** Available data **
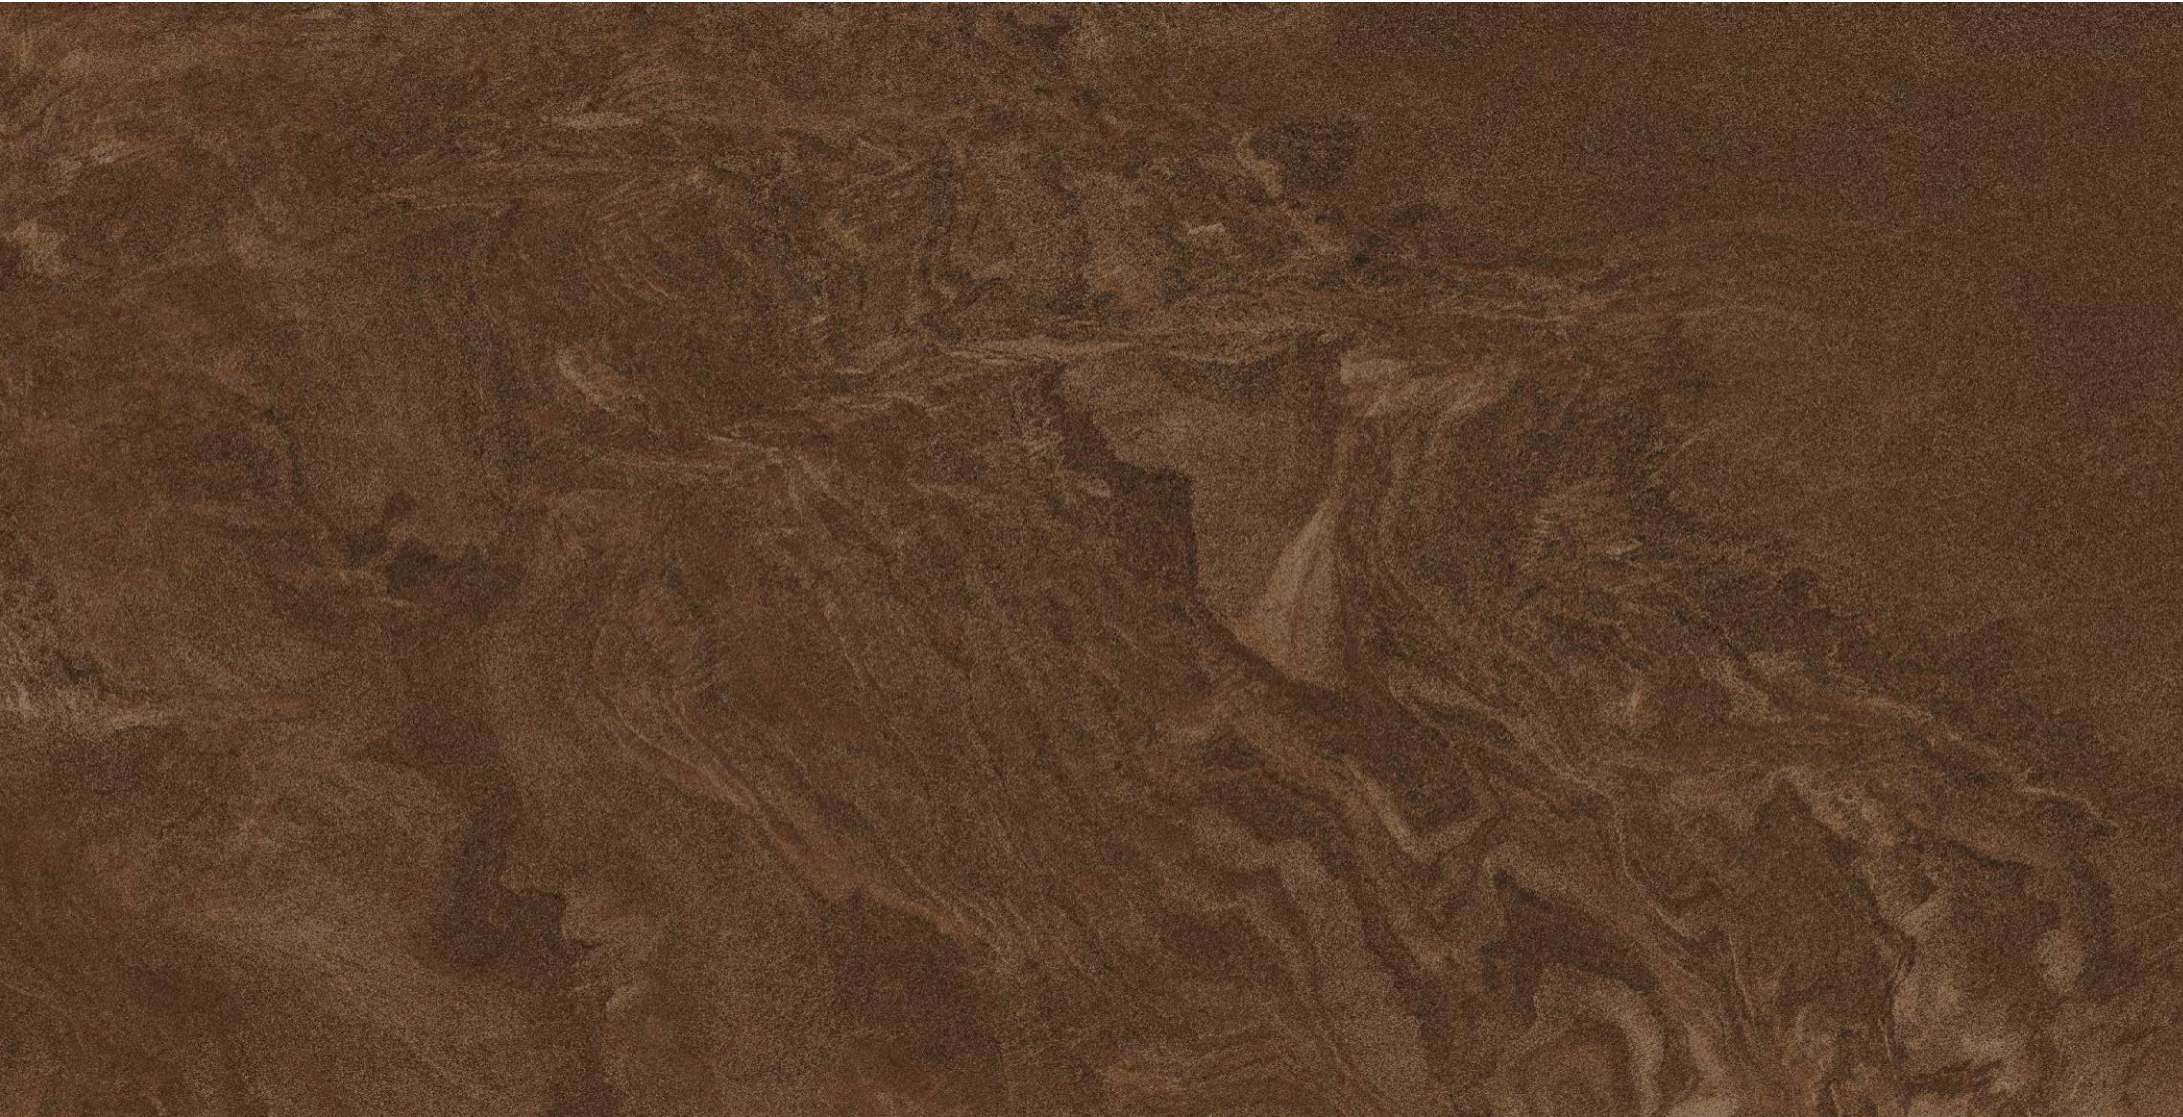

A SPACE INSPIRED BY A NATURAL LANDSCAPE.

LAVASA BROWNIE

MATT SURFACE | 600X1200MM

LAVASA BROWNIE

I'M
NEW

भ्रतिका

Segam
Tiles Pvt Ltd

**LAVASA
BROWNIE**

** Exercise objective **
Retype the listing above exactly, pictures excluded.

** Result of this exercise **
A SPACE INSPIRED BY A NATURAL LANDSCAPE.

LAVASA BROWNIE

MATT SURFACE | 600X1200MM

LAVASA BROWNIE

I'M
NEW

भ्रतिका

Segam
Tiles Pvt Ltd

**LAVASA
BROWNIE**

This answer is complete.